Thousands of people – children among them – have been referred to Prevent since the duty came into force. Last year alone there were 6,287 referrals. That represents a 10% increase on the prior 12-month period.
The Prevent duty has led to incidents which have seen teachers report primary school-aged children to the police for things like having toy guns or talking about video games. According to the civil rights groups, these are “examples of how Prevent sows the seeds of discrimination at the heart of public services,” as a result “stifling speech and spreading fear and distrust.”
Last year, Liberty revealed that the details of everyone referred to Prevent are stored on a huge police database, regardless of whether or not any further action is taken. People still don’t know if their details are on the database, what data is held on them, how it’s used, with whom it might be shared at any given point in time or what decisions it influences.
For these reasons, the civil rights and community groups had been eager to engage in a properly independent review, but they now suggest that the appointments of Lord Carlile and then William Shawcross have “fundamentally undermined” the credibility of the whole procees.
Negative impact
Speaking about the joint statement and the decision that has been taken, Jana Sadler-Forster (a lawyer with the Open Society Justice Initiative) observed: “Had the Government been willing to undertake a genuine independent review, we were ready to participate constructively. However, given the appointment – for the second time – of a patently inappropriate reviewer, we cannot be complicit in the Government’s efforts to whitewash a strategy that continues to negatively and disproportionately impact Muslim communities in the UK every day.”
Rosalind Comyn, policy and campaigns manager at Liberty, commented: “When people suspect there is injustice planted at the heart of the public services they access, the least they can expect is the Government of the day to undertake a serious independent investigation. However, the Prevent review has shown that the Government is determined to ignore the damage this programme is causing, particularly so to Muslims and people of colour.”
Comyn went on to state: “This is just the latest in a long line of failures which show any review carried out by this Government will never be independent. This exercise could have been a chance to properly scrutinise the premise and impacts of the Prevent strategy which stifles speech, spreads fear and distrust and encourages discrimination. Liberty will no longer engage in the farce that it has become. We need interventions that respect the rights of the people directly affected and that bring communities together.

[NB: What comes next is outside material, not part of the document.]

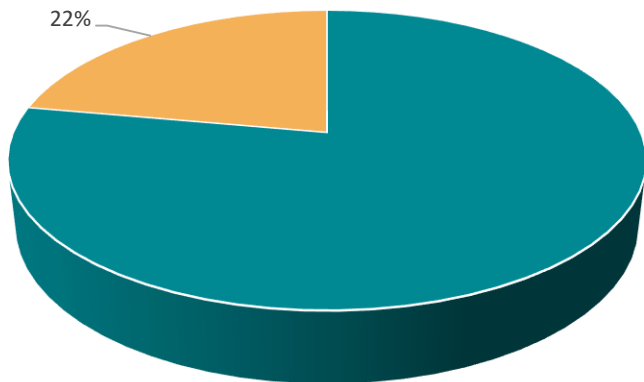

Osobní a vysoce citlivá data

Osobní data

Both the Prevent strategy and its review are very far removed from that ideal.”
Honest scrutiny
Isobel Ingham-Barrow from Muslim Engagement and Development said: “We originally regarded the independent review as an important mechanism for ensuring genuine evidence-driven change to the structurally Islamophobic Prevent strategy. However, with the appointment of William Shawcross, the Government has given up any pretence of sincerity. Its purposeful manoeuvring obstructs any honest scrutiny of a policy which is responsible for serious abuses to the rights and freedoms of minority communities.”
In conclusion, Ingham-Barrow outlined: “As this is a question of securing social justice, equality and freedom for all, we cannot in all good conscience engage with a review process that no longer has any credibility nor remit to reach objective and meaningful conclusions.”